En ce qui concerne la discussion sur les impacts cumulatifs, le tribunal a examiné si le BLM avait évalué l'impact climatique des émissions de GES directes et indirectes du projet combinées à d'autres projets actuels et raisonnablement prévisibles produisant des émissions de GES. Le tribunal a observé que l'agence avait fait un travail adéquat en inventoriant les projets dans une zone de 2,85 millions d'acres du sud de l'Utah et en décrivant les effets cumulatifs de ces projets sur un certain nombre d'aspects environnementaux, sociaux et culturels. Id., p. 1234. Le BLM n’a cependant pas réussi à « décrire et discuter de manière significative les informations pertinentes concernant d’autres sources de GES actuelles et raisonnablement prévisibles ». Identifiant. Le tribunal a refusé de se prononcer sur la portée géographique de l'analyse des impacts cumulatifs du BLM, concluant que l'agence doit faire preuve de déférence à l'égard de cette décision. Identifiant.
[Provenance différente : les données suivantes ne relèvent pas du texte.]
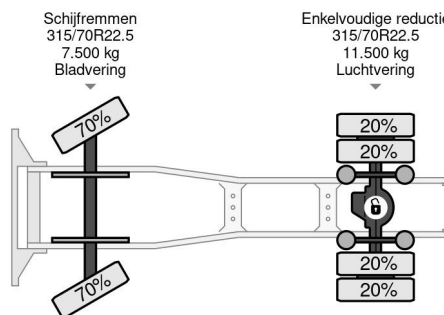

## MAN 4X2 EURO 6 - DAY CABINE - 430.805 KM

### COMMON

Preis	€ 16.950,- ex MwSt
Id	MA214472
Marke	MAN
Typ	4X2 EURO 6 - DAY CABINE - 430.805 KM
Baujahr	2016
Kilometerstand	430.805 km
Konstruktion	Standard-SZM
Bruttogewicht	18.000 kg
Schadstoffklasse	6

### PROPERTIES

Datum der eratzulassung	04-01-2016
Kraftstoffart	Diesel
Getriebe	Automatik
Fahrzeug- identifizierungsnummer	WMA06SZZ5GW214472
Radformel	4x2
Anzahl der achsen	2
Gewicht	7.000 kg
Leistung in kw	235
Leistung in ps	320
Nutzlast	11.000 kg
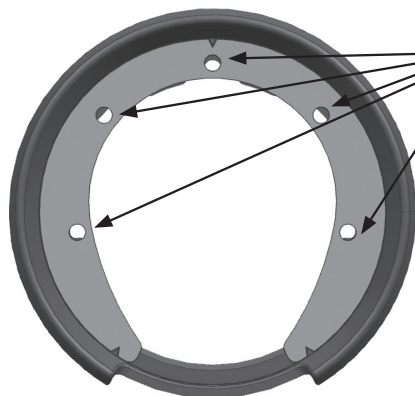

## SPECIÁLIS TANKTASKA ADAPTER

N°	Leírás	Méret	Kód	Mennyiség
1	Tanktáska adapter	-	GL2017	1
2	Csavar	TBEI M5x40	540TBEI	3
3	Csavar	TBEI M5x25	525TBEI	3
4	Anya	Önzáró anya M5	5DADIAFL	3
5	Alkatrészeket az Tanklock táska tartalmazza	-	ZT480F	-

## SPECIÁLIS TANKTASKA ADAPTER

ÚJ TÍPUS

RÉGI TÍPUS

3mm
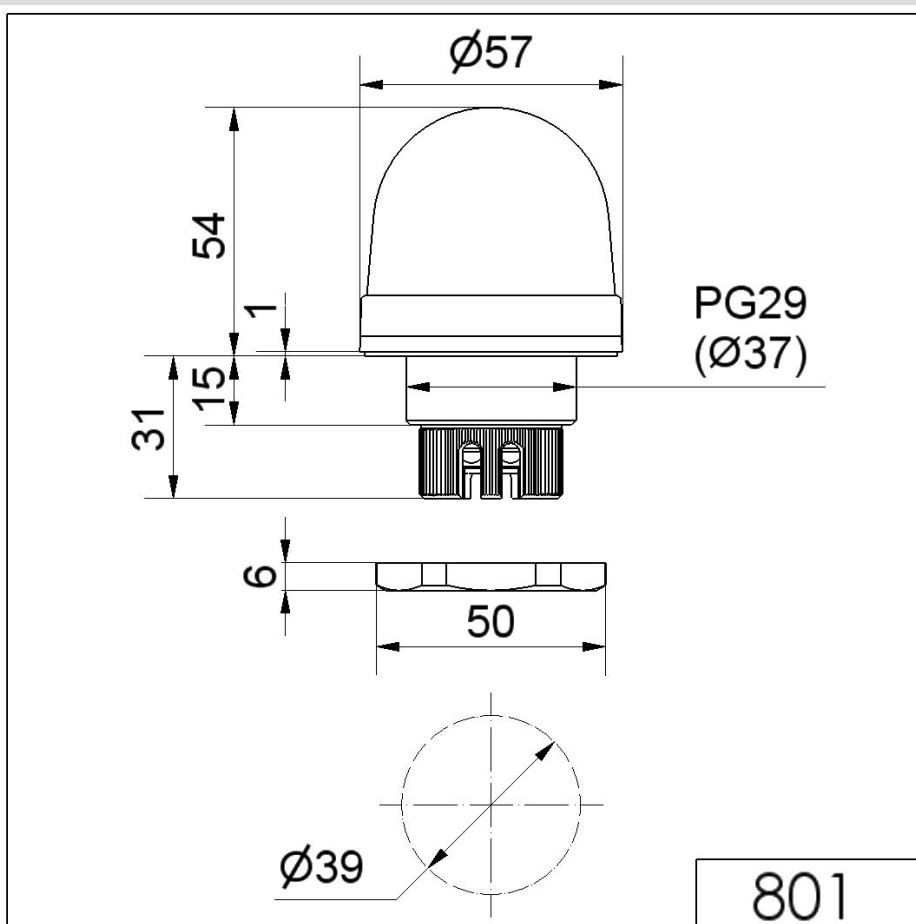

Mini Feu encastrables / LED Beacon 801

Feu permanent DEL EM 115VAC GN

Conformité Directive ATEX	Non
Conformité CCC	Non
Conformité UL	cULus
UL Type Rating	Type 12
Conformité FCC	Non
Conformité IC	Non
Certificat EAC disponible	Oui
Conformité UKCA (Importateur)	Oui (WERMA (UK) Ltd.)
Conformité AS-I	Non
Approbation de l'OACI	Non
Conformité DNV	Non
Conformité RoHS CN	Non
Conformité à Vds	Non

DESSIN

Pour plus d'informations sur l'installation et le montage, reportez-vous au guide d'utilisation approprié sur www.werma.com. Cette copie imprimée est pour information seulement et est sujette à modification.
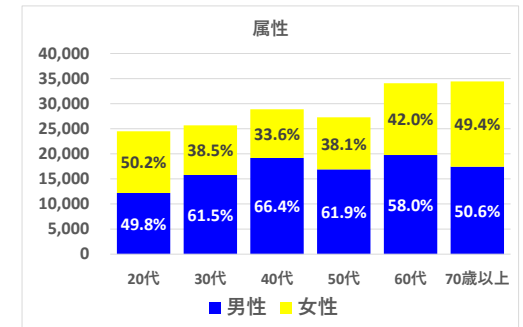

和泉エリア

データ提供: KDDI・技研商事インターナショナル「KDDI Location Analyzer」
 ※auスマートフォンユーザーのうち個別同意を得たユーザーを対象に、個人を特定できない処理を行って集計しております。
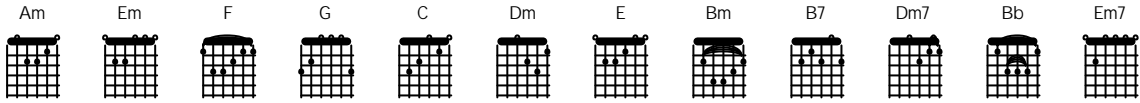

# Merpati Putih

Chrisye

(Am Em F Em) 2X Am

Am Em F G C  
Mering sudah bunga dipeluk  
Dm E

Merpati putih berarak pulang  
F G C

Terbang menerjang badai  
Dm C Bm Am E Am B7 E  
Tinggi di awan menghilang di langit yang hitam
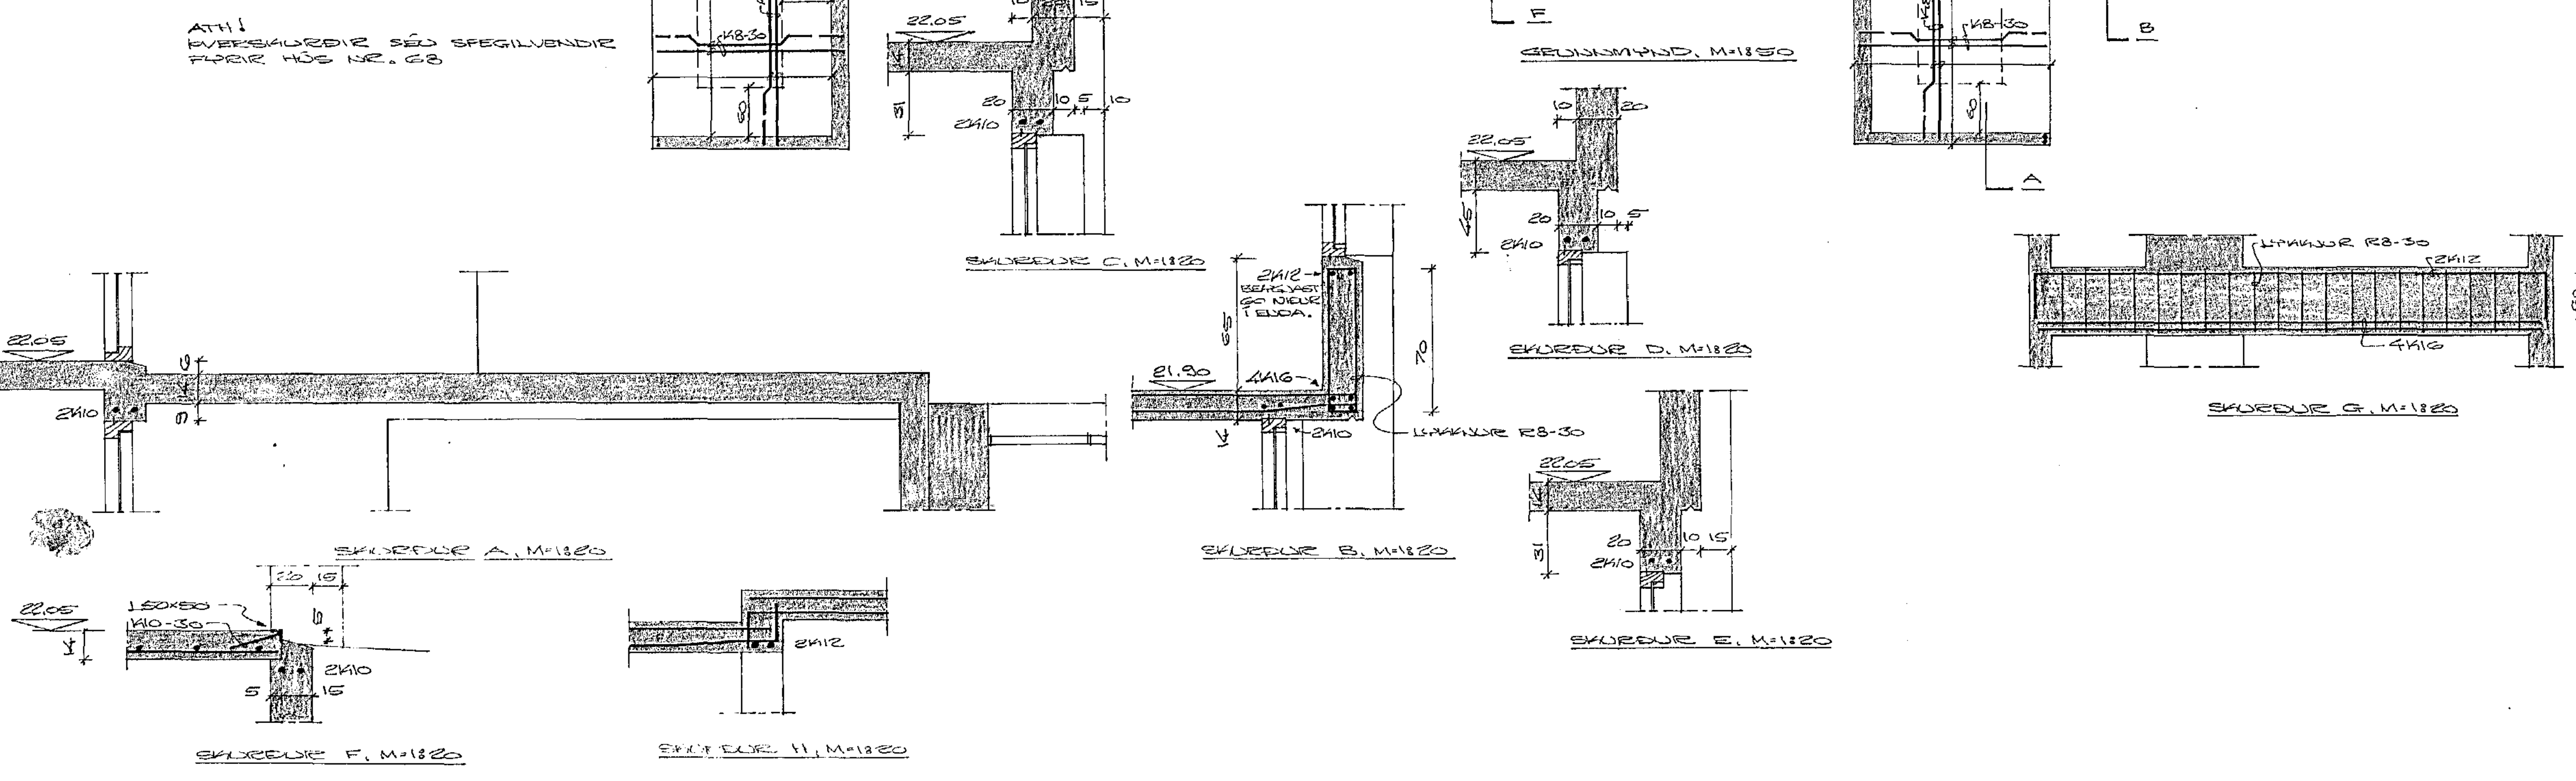

ATH!
 EYRISALÆGDIR SÉJ SÞRIGLVENDIR
 FRÞRNR. HJÓ NR. 68

SKRIFNINGAR

FLÓTORÞYKKT = 14 CM
 STEINSTEYPA = 6200
 BENDISTÁL = K10 40 # 5737
 TVERINGUM ÖLL MÍÐRÓP KOMI 2X10.
 NEMA ANNAÐS SÉ GOTT.
 TEGJAVÆRI T STEYPUKIL ÖVERBUDA
 SÉJ K10-30 L. 60, 25 ÖPÞR.
 K10-17
 MERVIR 10 MM JÆRIS
 TILDEKA BORD FLÓTU, MEÐ 17 CM Á MÍLLI
 JÆRDA. ANNAÐ HVERT JÆRIS BERGET ÖPÞ
 T EYKA BORD FLÓTU VED EYDA.
 K8 SKRIFTUR UM 60 CM, ÖÐ EYGI FLÆRI
 EÐ FÖRÐA HVERT JÆRIS T EYKA
 HVERSKÖÐI, SAMA GILDIR UM K10, NEMA
 HVAÐ PÁL SKRIFTUR UM 60 CM.

Concernant les émissions de mercure, le tribunal a estimé que le BLM avait fourni une analyse suffisante dans le FEIS et expliqué de manière adéquate pourquoi il ne pouvait pas réaliser une étude plus détaillée des impacts de la combustion du charbon dans une centrale électrique particulière. Id., pp. 1235-1236.

Sur la base des défauts de l'analyse d'impact climatique, le tribunal a renvoyé le FEIS au BLM pour révision, refusant de rendre une ordonnance annulant l'approbation du bail. Id., p. 1237.